Why finish by hand? because for such a small amount, especially if you are using a kitchen aid type mixer, you want to treat the dough as gently as possible.
Also,if temperature is a factor, take the temperature of the dough before you actually finish it. If it is at or beyond your goal, finish the dough by hand and it won't raise it too much higher.
if you are under your goal, finish it in the mixer.
Bench rest, or room temperature fermentation or first rise: how long? Commercial pizzerias bench rest or let the dough rise in bulk to save fermentation time in the refrigerator. Allowing dough to initially rise at room temperature hastens the maturation qualities that would be found in say a two or three day dough, but because they need to use the dough within 36, they give it a long initial unrefrigerated fermentation period. The understanding is that, this long initial rise will hasten the deveopment, but will decrease total life of the dough. It really depends upon what the shop's production needs are.

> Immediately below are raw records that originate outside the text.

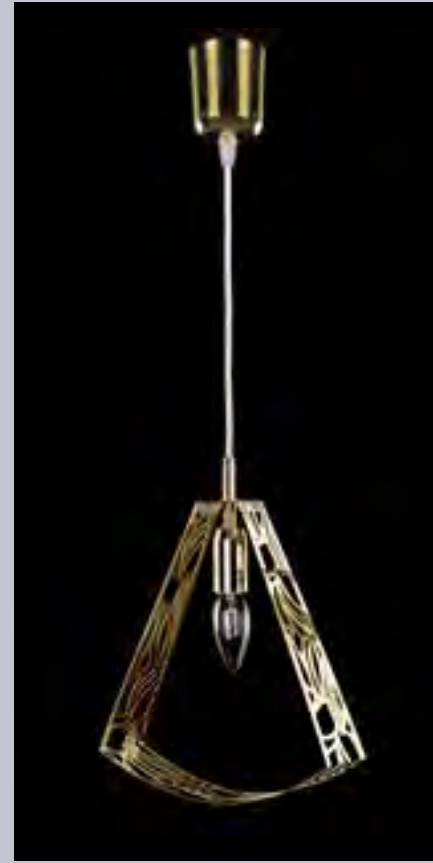

SURFACE FINISH OPTIONS

TRIMMINGS COLOUR OPTIONS

Swing

A simple lighting fixture with an ornamental pattern is inspired by minimised, two-dimensional shapes. It is based on the original sketch of the representation of the hanging object or the bulb itself and its perception in space.
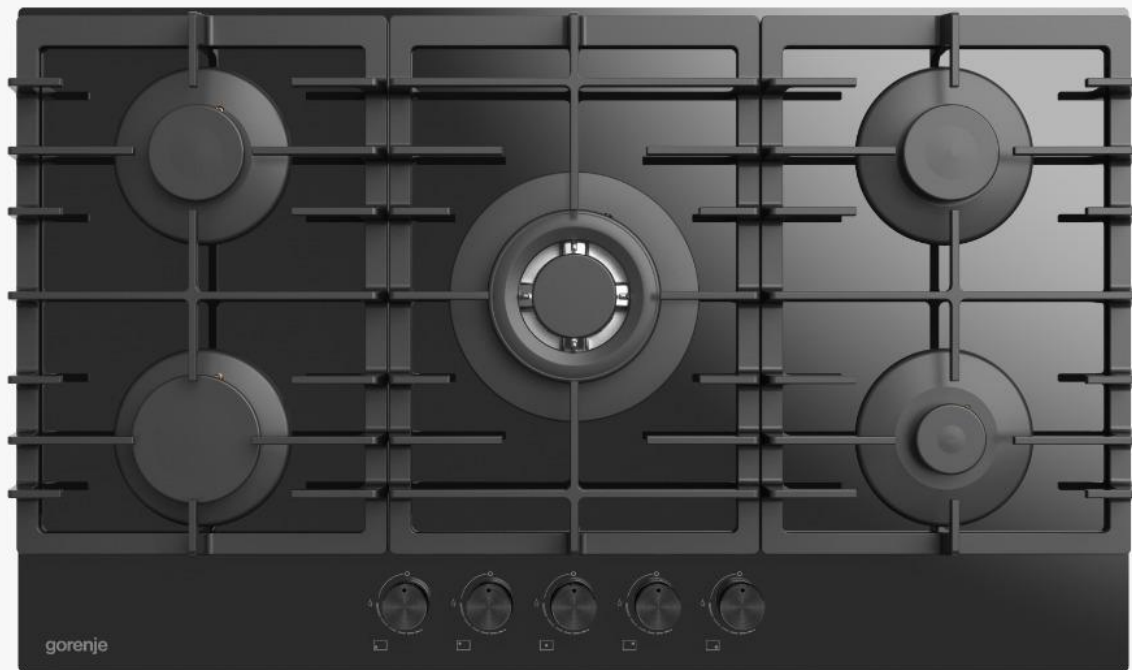

HOOD & HOB features

- **BUILT-IN HOOD**

- Power:850
- Size:60-52
- Type: Built-in
- Control: Tactile
- Select Color

IBHI538X

gorenje
Life Simplified

- 60 cm cabinet niche
- 850 m³/h capacity
- High efficiency motor
- XL cavity for more stable and extra power
- Tactile control with centralized LED display
- 4 power levels
- Booster function
- LED lighting
- Aluminum grease filter
- Glass filter cover
- Easy fix assembly system
- Black glass
- Inox

WALL MOUNTED HOOD

Power: 600

Size:90

Control: Touch with Display

Type: Wall Mount

IWHI948A1B

gorenje
Life Simplified

- 90 cm wall mounted hood
- 600 m³/h capacity
- L cavity for more stable and extra power suction
- Touch control with centralized LED display
- 4 power levels
- Booster function
- LED lighting
- Easy open system
- Aluminum grease filter
- Easy mounting hanger design
- Black glass

Built-in Hob - Ceramic

IGCW8C51B

gorenje
Life Simplified

- Ergonomic knobs,
- High efficiency burners
- Wok double burner,
- One-hand ignition device for hob
- Original Italian Sabaf burners & Sabaf valfs
- Safety function
- Type of pan support: Cast iron grids

 **SABAF**

SCHOTT
glass made of ideas

Built-in Hob - Ceramic

IGCW9C51B

gorenje
Life Simplified

Ergonomic knobs,
High efficiency burners
Wok double burner,
One-hand ignition device for hob
Original Italian Sabaf burners & Sabaf valfs
Safety function
Type of pan support: Cast iron grids
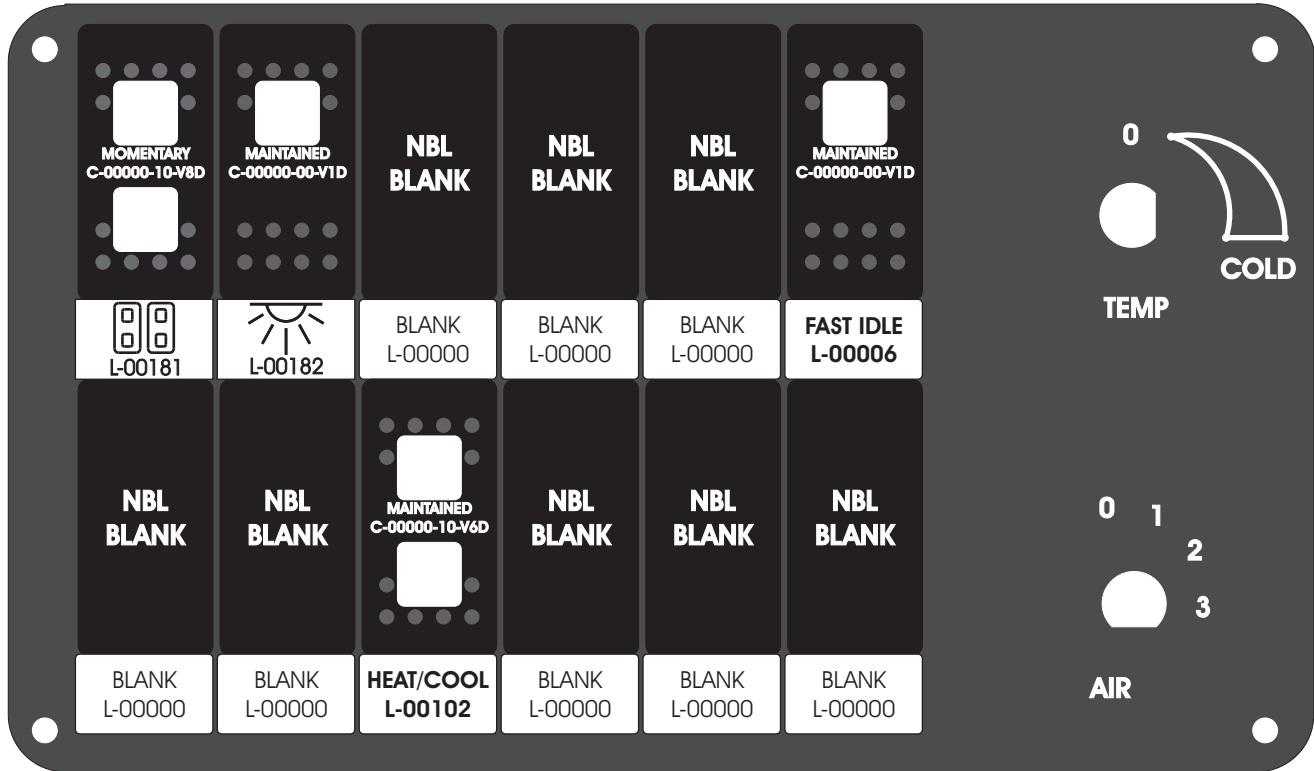

R. C. Tronics Incorporated

2573 East Kercher Road
Goshen, Indiana 46528
Toll Free 1-866-457-7790

Phone 1-574-642-3857
Fax 1-574-642-3858
<http://www.rctronics.com>

RCT-01407-0__86, Relays 4A, 4B, 6A, 6B, 7B.

FAC-01407-00000

For a small home batch, the temperature factor becomes super crucial in that the small piece of dough will rise much faster in higher temperatures and will expend itself fairly quickly. Unless you are going to use the next day, or the room temperature is quite low--or that the amount of yeast and starter compensates for it, bench rising isn't all that necessary for small batches of dough.
Bakers and commercial pizza makers have a set schedule every day, so they know exactly what amount of time and at what temperature they will, or won't bench rise their dough. Most of them do not bench rise, they prefer the controlled environment of the cooler, allowing for a long slow first rise in the bucket, and scalling and shaping 12 hours later. Others scale and shape right off the bat and refrigerate to use 24 to 36 hours later. There is no set way.
In AIB (Tom) recommends the dough to come off the mixer at 80 degrees optimum, this is for a straight mixed dough, that is immediately scaled, shaped and refrigerarated by cross stacking the dough trays for a couple of hours until the doughs completely cooled down. The dough is ready to use the next day with a maximum of 2 days and possibly 3 if the cooler is really, really cold. If you are working with any kind of preferment or starter, that temperature is way, too high...
The main problem with this forum, is that you guys are so prolific and so varied that I'm not sure how to address all of the things that are going on here. I'm not sure if what I've just written will be of any help. But if you come away from this with anything, it will be about the importance of temperature. Adapting home versions of commercial formulas is a challenge, but is extremely rewarding.